*Given records:*

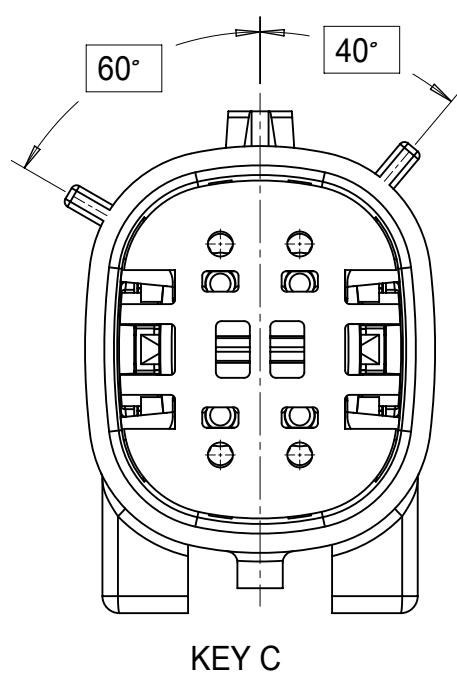

SHEET DESCRIPTION
CONFIGURATIONS

2X2 - STANDARD (STD)

2X2 - UL V0*

2X3 - STANDARD (STD)

2X3 - LENGTHENED

2X4 - STANDARD (STD)

2X6 - STANDARD (STD)

2X8 - STANDARD (STD)

2X10 - STANDARD (STD)

2X10 - UL V0*

UL V0 UNIQUE FEATURE
Partial1
SCALE 10:1

* MINOR GEOMETRY CHANGE THAN STANDARD CONFIGURATION.
SEE NOTE 2a FOR MORE INFORMATION

SYMBOLS	THIS DRAWING CONTAINS INFORMATION THAT IS PROPRIETARY TO MOLEX ELECTRONIC TECHNOLOGIES, LLC AND SHOULD NOT BE USED WITHOUT WRITTEN PERMISSION		CURRENT REV DESC:		molex
	DIMENSION UNITS	SCALE			
▽ = 0	mm	1.5:1	EC NO: 171650		MX150 BLADE DUAL ROW SEALED ASSEMBLY MAT SEAL
▽ = 0	GENERAL TOLERANCES (UNLESS SPECIFIED)		DRWN: PMANJUNATHAC 2018/01/03		
▽ = 0	ANGULAR TOL ± 1.0°		CHK'D: MVANSLAMBROU 2018/02/16		
▽ = 0	4 PLACES	±	APPR: MVANSLAMBROU 2018/02/16		PRODUCT CUSTOMER DRAWING
▽ = 0	3 PLACES	±	INITIAL REVISION:		
▽ = 0	2 PLACES	± 0.1	DRWN: APROFFITT 2014/04/28		DOCUMENT NUMBER
▽ = 0	1 PLACE	± 0.2	APPR: VKOSHY 2014/05/14		SD-33482-0001
⊠ = 0	0 PLACES	±	THIRD ANGLE PROJECTION		DOC TYPE DOC PART REVISION
■ = 0	DRAFT WHERE APPLICABLE MUST REMAIN WITHIN DIMENSIONS		DRAWING	SERIES	PSD 001 E2
▽ = 0			A1-SIZE	33482	MATERIAL NUMBER
					CUSTOMER
					GENERAL MARKET
					SHEET NUMBER
					2 OF 11

SHEET DESCRIPTION
KEY CONFIGURATIONS

2X2

2X3

2X4

THIS DRAWING CONTAINS INFORMATION THAT IS PROPRIETARY TO MOLEX ELECTRONIC TECHNOLOGIES, LLC AND SHOULD NOT BE USED WITHOUT WRITTEN PERMISSION

SYMBOLS	DIMENSION UNITS	SCALE
	mm	3:1
	GENERAL TOLERANCES (UNLESS SPECIFIED)	
	ANGULAR TOL ± 1.0°	
	4 PLACES	±
	3 PLACES	±
	2 PLACES	± 0.1
	1 PLACE	± 0.2
	0 PLACES	±
	DRAFT WHERE APPLICABLE MUST REMAIN WITHIN DIMENSIONS

*Task details:*
Could you reproduce the listing above exactly and drop every picture?

*Exercise result:*
SHEET DESCRIPTION
CONFIGURATIONS

2X2 - STANDARD (STD)

2X2 - UL V0*

2X3 - STANDARD (STD)

2X3 - LENGTHENED

2X4 - STANDARD (STD)

2X6 - STANDARD (STD)

2X8 - STANDARD (STD)

2X10 - STANDARD (STD)

2X10 - UL V0*

UL V0 UNIQUE FEATURE
Partial1
SCALE 10:1

* MINOR GEOMETRY CHANGE THAN STANDARD CONFIGURATION.
SEE NOTE 2a FOR MORE INFORMATION

SYMBOLS	THIS DRAWING CONTAINS INFORMATION THAT IS PROPRIETARY TO MOLEX ELECTRONIC TECHNOLOGIES, LLC AND SHOULD NOT BE USED WITHOUT WRITTEN PERMISSION		CURRENT REV DESC:		molex
	DIMENSION UNITS	SCALE			
▽ = 0	mm	1.5:1	EC NO: 171650		MX150 BLADE DUAL ROW SEALED ASSEMBLY MAT SEAL
▽ = 0	GENERAL TOLERANCES (UNLESS SPECIFIED)		DRWN: PMANJUNATHAC 2018/01/03		
▽ = 0	ANGULAR TOL ± 1.0°		CHK'D: MVANSLAMBROU 2018/02/16		
▽ = 0	4 PLACES	±	APPR: MVANSLAMBROU 2018/02/16		PRODUCT CUSTOMER DRAWING
▽ = 0	3 PLACES	±	INITIAL REVISION:		
▽ = 0	2 PLACES	± 0.1	DRWN: APROFFITT 2014/04/28		DOCUMENT NUMBER
▽ = 0	1 PLACE	± 0.2	APPR: VKOSHY 2014/05/14		SD-33482-0001
⊠ = 0	0 PLACES	±	THIRD ANGLE PROJECTION		DOC TYPE DOC PART REVISION
■ = 0	DRAFT WHERE APPLICABLE MUST REMAIN WITHIN DIMENSIONS		DRAWING	SERIES	PSD 001 E2
▽ = 0			A1-SIZE	33482	MATERIAL NUMBER
					CUSTOMER
					GENERAL MARKET
					SHEET NUMBER
					2 OF 11

SHEET DESCRIPTION
KEY CONFIGURATIONS

2X2

2X3

2X4

THIS DRAWING CONTAINS INFORMATION THAT IS PROPRIETARY TO MOLEX ELECTRONIC TECHNOLOGIES, LLC AND SHOULD NOT BE USED WITHOUT WRITTEN PERMISSION

SYMBOLS	DIMENSION UNITS	SCALE
	mm	3:1
	GENERAL TOLERANCES (UNLESS SPECIFIED)	
	ANGULAR TOL ± 1.0°	
	4 PLACES	±
	3 PLACES	±
	2 PLACES	± 0.1
	1 PLACE	± 0.2
	0 PLACES	±
	DRAFT WHERE APPLICABLE MUST REMAIN WITHIN DIMENSIONS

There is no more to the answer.